Another feature begun this year is futures contracts on tokens that have yet to list on spot exchanges. This lets tokenholders hedge themselves before an initial exchange offering. Pre-listed contracts create a new market in themselves. And they are good predictors of what the actual listing price will be.

The most interesting product, though, is to enable individual traders to band together and operate akin to a large institution’s trading desk. The meme-stock craze of 2022 demonstrated the power of individual stock traders to band together to move markets. But those people still made trades as individuals. And they used Reddit or Discord chatrooms to spread rumors that could enable pump’n’dump schemes – the sort of activity that crypto exchanges don’t want to be associated with.

BitMEX’s messaging service is more like a Bloomberg or Symphony chat, but aimed at its limited user base of professional traders. These people can consolidate their trades and share an account with sizeable volume. If it’s large enough, the group can get maker rebates on BitMEX, which frees capital to conduct more sophisticated strategies.
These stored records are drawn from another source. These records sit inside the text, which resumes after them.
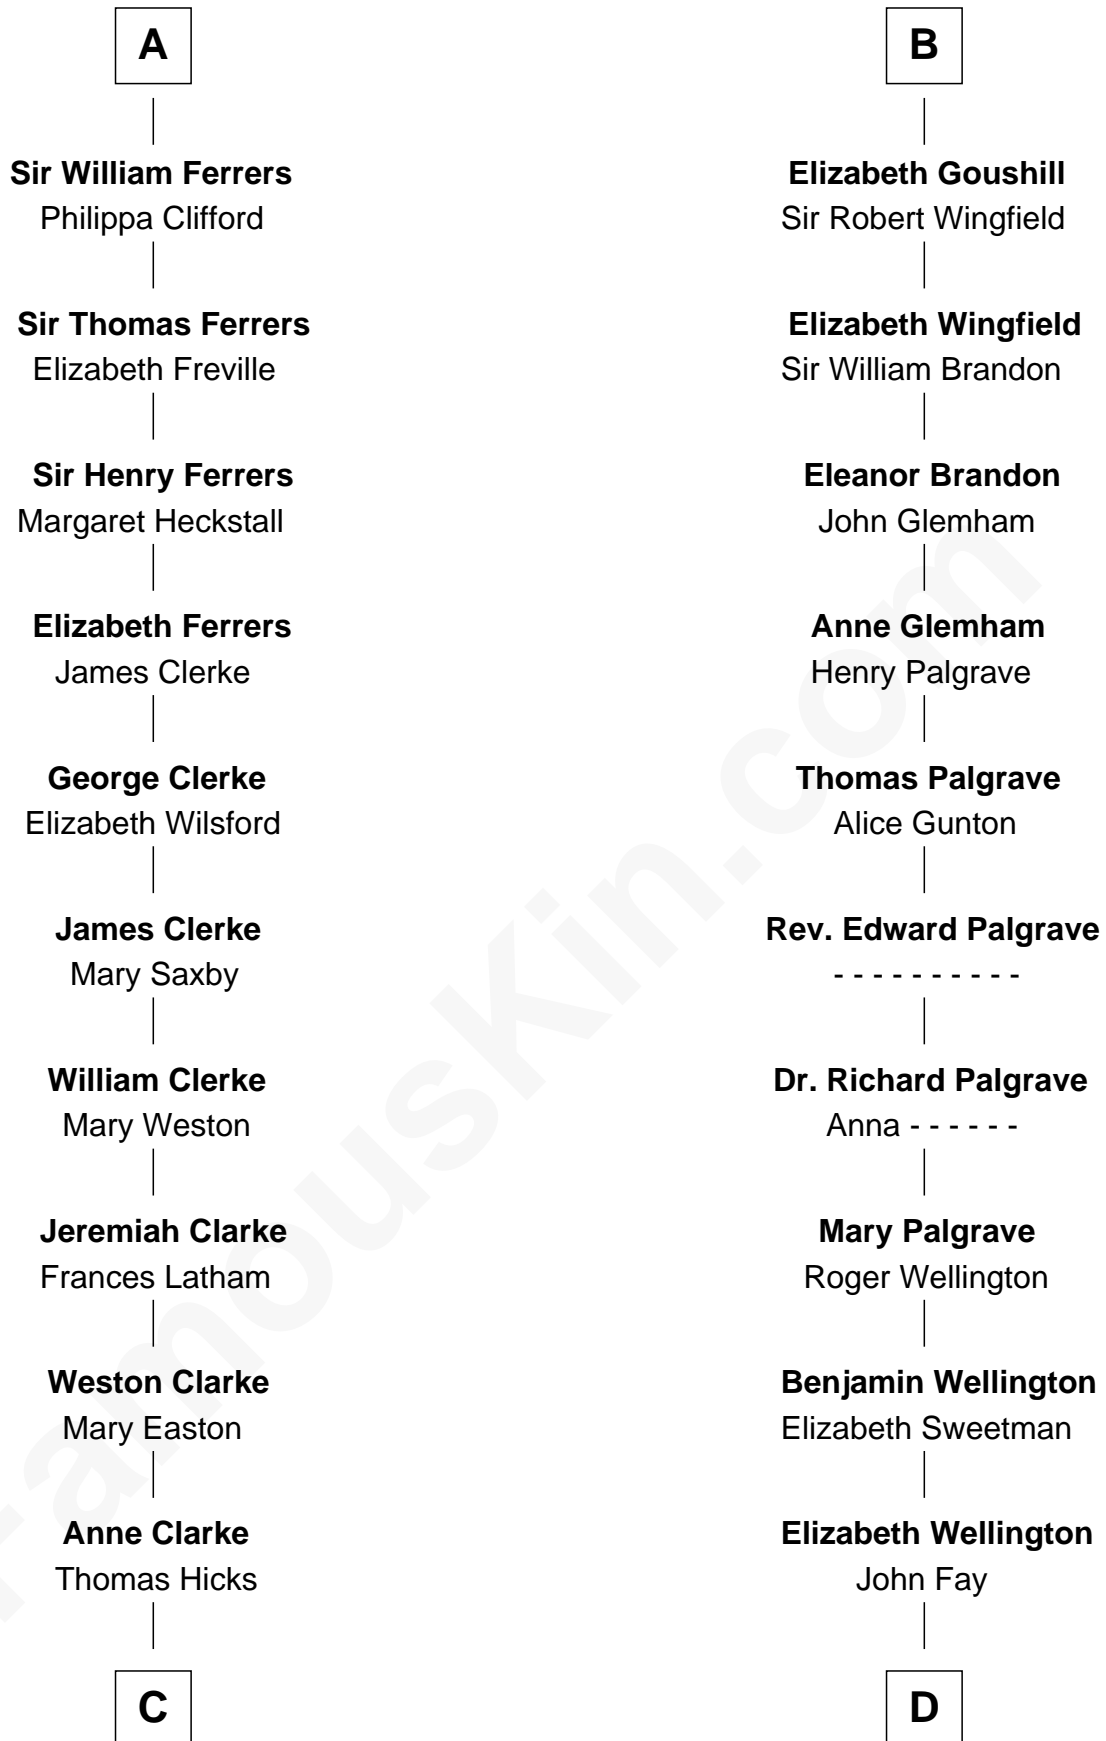

FamousKin.com

Relationship Chart of

Hetty Green

"The Witch of Wall Street"

20th cousin 1 time removed of

Shubael D. Childs

Founder of S.D. Childs & Company

C

Thomas Hicks

Judith Akin

Sarah Hicks

Gideon Howland

Gideon Howland

Mehitable Howland

Abby Slocum Howland

Edward Mott Robinson
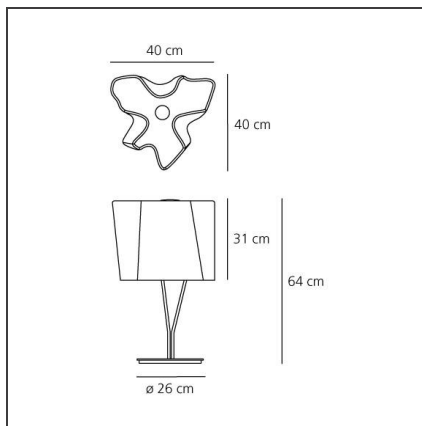

Logico table Fumé/Chrome

IP20     

TECHNICAL DRAWINGS

DESIGN BY

Gerhard Reichert, Michele De Lucchi

DESCRIPTION

Materials: Chromed zinc-alloy base, chrome-plated steel structure; blown glass diffuser with polished-silk finish. Three layers blown glass (crystal + silk + crystal) in a mold which is upside down to assure structural consistence to glass. Logico tavolo and Logico tavolo mini have a touch dimmer to adjust the light intensity.

FEATURES

Article Code:	0457110A	Material:	blown glass, steel, zamak
Colour:	Fumé / Chrome	Series:	Design
Installation:	Table	Area contract:	Hospitality, Office
Environment:	Indoor	Emission:	Diffused And Direct

DIMENSIONS

Length:	cm 40	Impact Resistance:	N/D
Width:	cm 40	Glow Wire Test:	N/D
Height:	cm 64		
Base Diameter:	cm 26		

NOT INCLUDED SOURCES

Category:	HALO	Color Rendering:	1a
Number:	3		
Watt:	46W		
Lbs:	Qt32		
Socket:	E27		
Duration (h):	2000h

For example, they can coordinate so that one person might manage the long end of a trade and someone else handle the short, while a third is delta neutral. Tightly coordinated teams of savvy individuals can start to compete against the big market makers, crypto funds, and bank desks.

“It’s all about the front end a better experience,” Lutz said.

The future of CEX

The main objective of these product rollouts is, of course, to grow BitMEX’s business. But there is a broader phenomenon. TradFi wants both the innovations of DLT as well as the comfort of recognizable products and markets. BitMEX’s features seem aimed to achieve both.

Link this front-end product development for traders back to the longer-term building of use cases in crypto finance – units of account, smart-contract networks, identity. Now DLT becomes the rails for cross-border activity. For people living in developed markets with rule of law and reliable institutions, this may never matter much for domestic payments and transactions. But in developing countries – the Global South – it could be transformational.

BitMEX isn’t trying to become a be-all, end-all DLT player, but by focusing on practical iterations for derivatives traders, it is helping the broader industry move towards that bigger picture – while carving out a place for centralized crypto exchanges.